Helen Quinn explains how unearthing her old University study notes has helped in her role at the BBC, including working as Assistant Producer on exciting new series The Rise of the Continents.

Name Dr Helen Quinn
Degree Course BSc (Geology and Physical Geography) / PhD
Year of Graduation 2001 / 2006
Dr Helen Quinn

Your time at the University

Edinburgh is famous as the birthplace of geology and I was very keen to study geosciences at the University because of these historic connections.

Everything about the city was inspiring, most of all its historic setting and the geology right beneath our feet.
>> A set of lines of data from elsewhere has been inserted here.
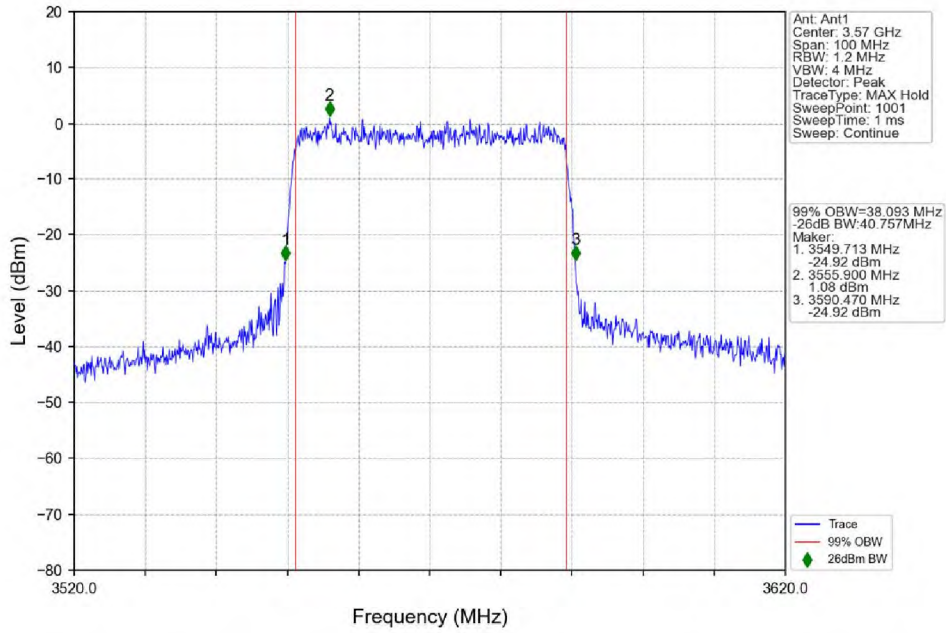

n48 30kHz SISO NTN 40MHz CP-OFDM 64 QAM 3570MHz Outer Full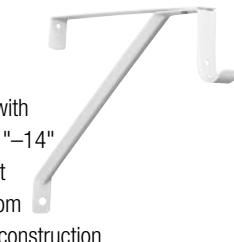

1190 Series Closet Rods and Shelf Brackets

Adjustable Closet Rod and Shelf Brackets

1190 Economy Rod and Shelf Bracket

Finish: Warm White (WT)

Packed: 10 per carton

Hook Depth: 2-1/2"

Features: Holds up to 150 lbs. per pair; use with up to 11"-14" deep shelves; must be installed with wall cleat; 12 gauge steel platform; KV2 compatible

Warm White (WT)
1190BP WT 12

1191 Regular-Duty Adjustable Rod and Shelf Bracket

Finish: Warm White (WT)

Packed: 10 per carton

Hook Depth: 2-1/2"

Features: Holds up to 300 lbs. per pair; KV2 compatible; use with up to 1-3/8" OD closet rods; for 11"-14" deep shelves; install with or without wall cleat; shelf platform is 10" without cleat; 14 gauge steel platform

Warm White (WT)
1191BP WT 12

1192 Regular-Duty Adjustable Rod and Shelf Bracket

Finish: Warm White (WT)

Packed: 10 per carton

Hook Depth: 3"

Features: Holds up to 300 lbs. per pair; use with up to 1-3/8" OD closet rods; for 11"-14" deep shelves; install with or without wall cleat; shelf platform adjusts from 10-1/4"-10-3/4"; 14 gauge steel construction

Warm White (WT)
1192BP WT 12

1194 Heavy-Duty Adjustable Rod and Shelf Bracket

Finish: Cream White (CREAM),
Bright White (WH)

Packed: 10 per carton

Hook Depth: 3"

Features: Holds up to 500 lbs. per pair; use with up to 1-3/8" OD closet rods; for 11"-14" deep shelves; install with or without wall cleat; shelf platform adjusts from 10-1/4" - 10-3/4"; low profile design; 13 gauge steel construction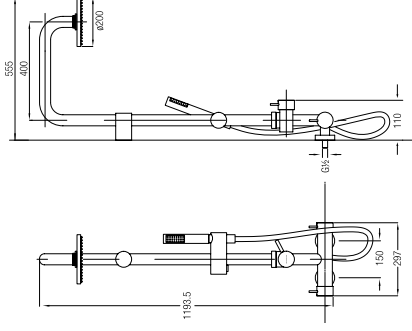

WAVE FIXED SHOWER HEAD

Three functions

WBFA300573CP

OCEANI | FIXED SHOWER HEAD

Three functions

WBFA300570CP

FERRARA SHOWER COLUMN

Single lever wall-mounted shower mixer column

WBFA300591CP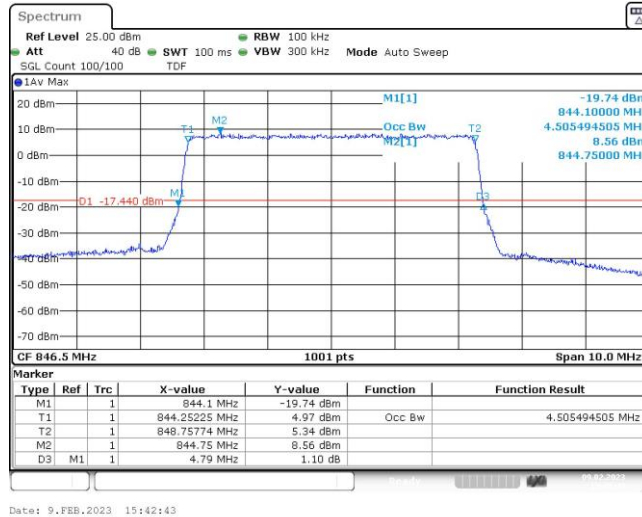

Band5-5MHz-16QAM-20425-25RB#0

Band5-5MHz-16QAM-20525-25RB#0

Band5-5MHz-16QAM-20625-25RB#0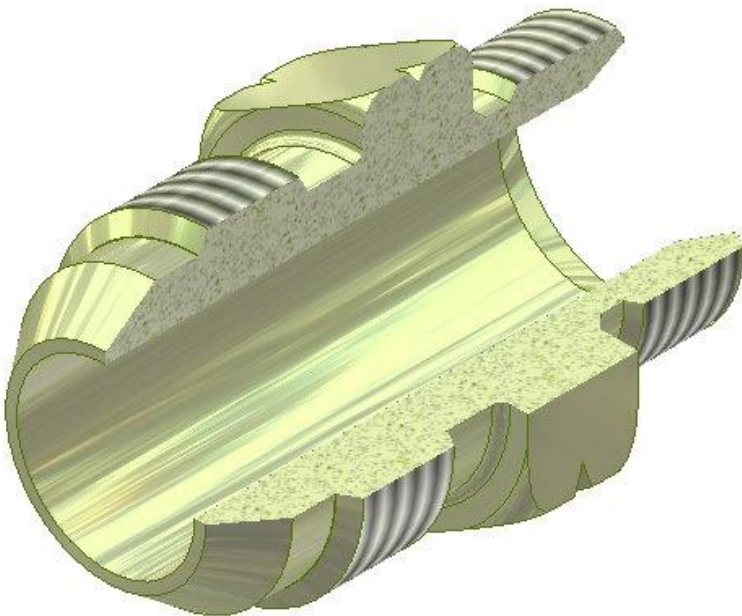

www.malonespecialtyinc.com

8900 East Ave., Mentor, Ohio 44060

Phone: 440-255-4200 ~ Fax: 440-255-0458

sales@malonespecialtyinc.com

30J142615

SKU: 30J142615

Product Categories: [JIC \(37 Degree Cone\)](#), [Male JIC to Male Metric \(60 Degree\) No O-Ring Dual Purpose](#)

Product Page: <https://www.malonespecialtyinc.com/product/30j142615/>

Product Attributes

- Thread T1 JIC: 1 3/16-12
- Thread T2 mm: 26 X 1.5

Additional Product Images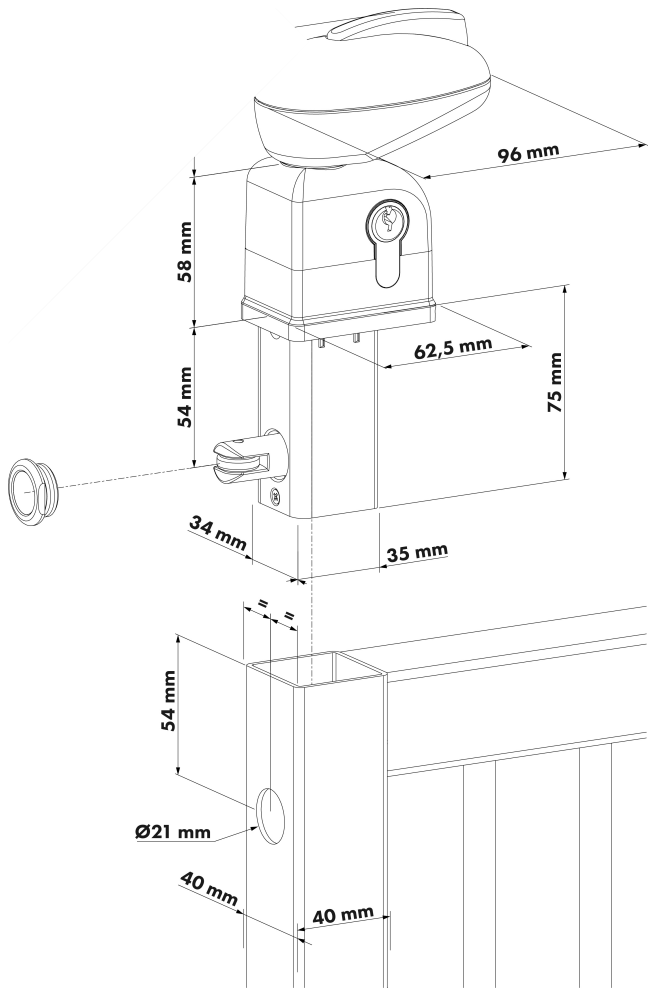

STAY INFORMED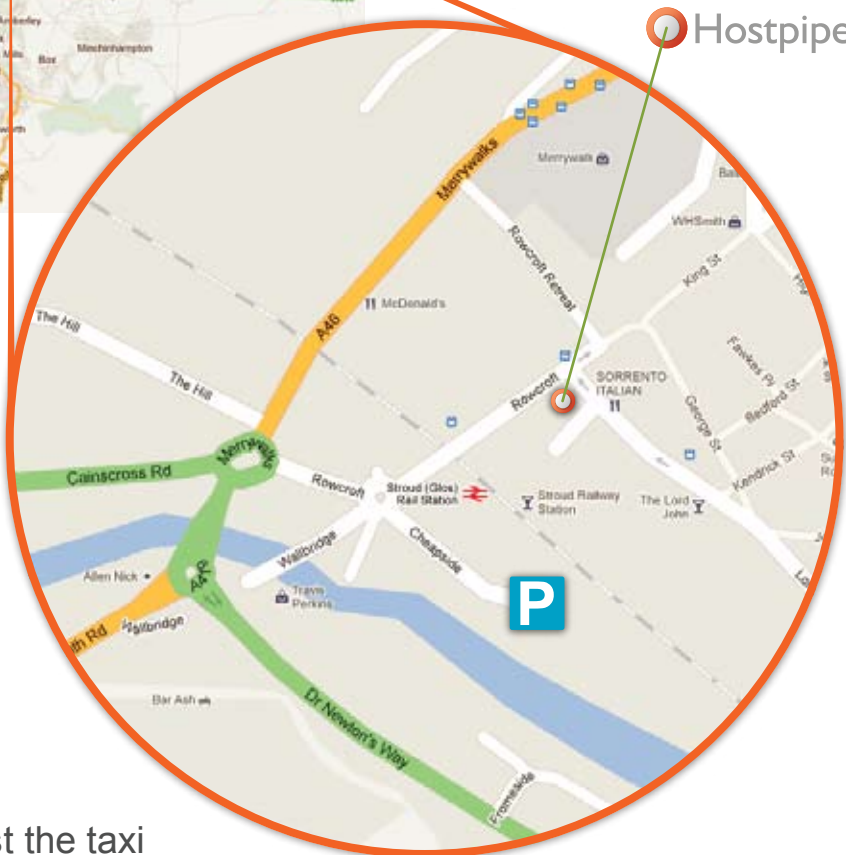

## Map and Parking

**Suite B1/B2 Stroud House  
Russell Street  
Stroud  
Gloucestershire  
GL5 3AN**

**01453 884100**

 Hostpipe

Parking is available behind the railway station in Cheapside carpark. From here walk over the railway bridge and out of the station. Proceed past the taxi rank on your left to the junction. The entrance to Stroud House is on your left opposite the Russell Street road sign. Head down the stairs and the main office door is on your left hand side.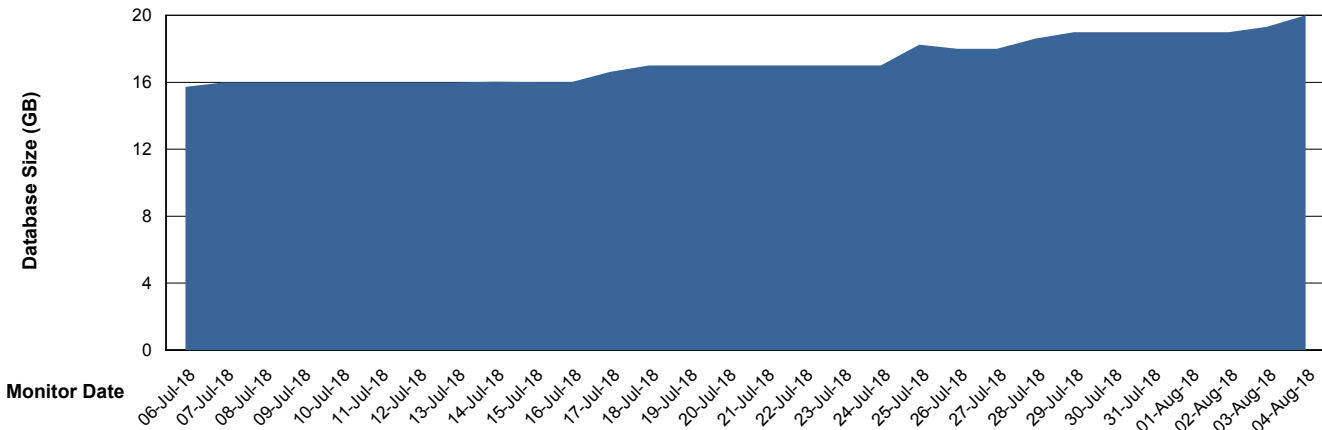

DATABASE SIZE CUS_ProdDB_Primary

Database growth over last month

Database Tablespace CUS_ProdDB_Primary

Date	Tablespace Name	Filesize (Gb)	Usedsize (Gb)	Percentage free
04-Aug-18	ABSDATA	14	12	14
	INDX	12	0	100
03-Aug-18	ABSDATA	14	12	14
	INDX	12	0	100
02-Aug-18	ABSDATA	14	12	14
	INDX	12	0	100
01-Aug-18	ABSDATA	14	12	14
	INDX	12	0	100
31-Jul-18	ABSDATA	14	12	14
	INDX	12	0	100
30-Jul-18	ABSDATA	14	11	21
	INDX	12	0	100
29-Jul-18	ABSDATA	14	11	21
	INDX	12	0	100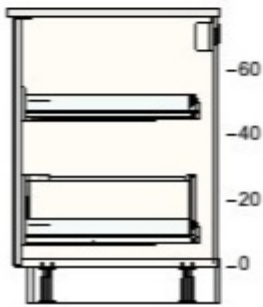

Bar - North Wall
0001-2284-2561

All measurement in inches

Bar - North Wall
0001-2284-2561

All measurement in inches

Important

IKEA cannot accept any liability for the accuracy of measurements or furniture layout. Prices in this program are for products you collect from IKEA, take home and assemble yourself. All requested delivery, assembly and installation services are charged separately and not included in the price. Although we do try to ensure that the information in this program is correct, we apologise for any product alterations that may occur.

Project name
Bar
Project number
0001-2284-2561

Included in the total price
Lighting \$322.93

Total Price:
\$2214.87

1

20265396 SEKTION base cabinet frame
white
18x24x30 "

\$50 1 \$50

00426055 AXSTAD door
matt white
18x30 "

\$71 1 \$71

50265682 MAXIMERA drawer, high
white
18x24 "

\$45 1 \$45

70265657 MAXIMERA drawer, low
white
18x24 "

\$36 1 \$36

70265638 UTRUSTA drawer front, high
18 "

\$15 1 \$15

60265629 UTRUSTA drawer front, low
18 "

I remember enjoying our very first field trip to Arthur’s seat just a few weeks after I moved into Pollock halls.

Fieldwork formed a very big part of my enthusiasm for the joint honours I did in Physical Geography and Geology. From the minute we arrived in the department we were very lucky to go on numerous trips each year.

My favourite memories are of the Scottish trips, particularly the second year field trip to Torridon, the beauty of the place blew my mind.

By learning traditional geological sciences in such stunning landscapes I got hooked on fieldwork, eventually staying at Edinburgh to study a PhD, which resulted in spending a season in my ultimate fieldwork destination- Antarctica.

 

 

Everything about the city was inspiring, most of all its historic setting and the geology right beneath our feet.

Dr Helen Quinn

Tell us about your Experiences since leaving the University

Antarctica and my studies at Edinburgh hugely shaped the career I do today. The science that I was writing up as an academic paper based on the work I had done in Antarctica began to lend itself to a story that could be much more widely communicated. After attending a science communication course during my PhD I started to write some of the results up as stories for newspapers such as The Scotsman. Everything I do now spiralled from this love of writing science for a wider audience.

Today I work in the science department at the BBC making TV documentaries. It involves researching stories, writing scripts, interviewing scientists and travelling the world to film these stories. I have worked on a wide range of science programmes covering subjects from mental health to physics of the universe, but the series I have enjoyed the most took me right back to my geoscience roots.

The Rise of the Continents with Professor Iain Stewart on BBC 2 was an amazing series to work on. I had to swot up on 4.5 billion years of earth’s history, dig out a lot of my university notes and text books and very quickly get up to date with new theories in geology. We were aiming to tell a complex story, making it both accessible and interesting, whilst ensuring that it was factually correct and made sense as a story. We wanted it to appeal to both geology lovers and those who previously thought they had no interest in the subject. For me it was both a treat and a challenge attempting to make geosciences accessible for such a wide audience. I am yet to get back to Antarctica on a filming trip but I am regularly suggesting ideas for a new geology series on the continent!

Alumni wisdom

Get out and see things whenever you get the chance, and get to know the beautiful country you live in. Scotland and especially Edinburgh is a very special place to study geology and geography.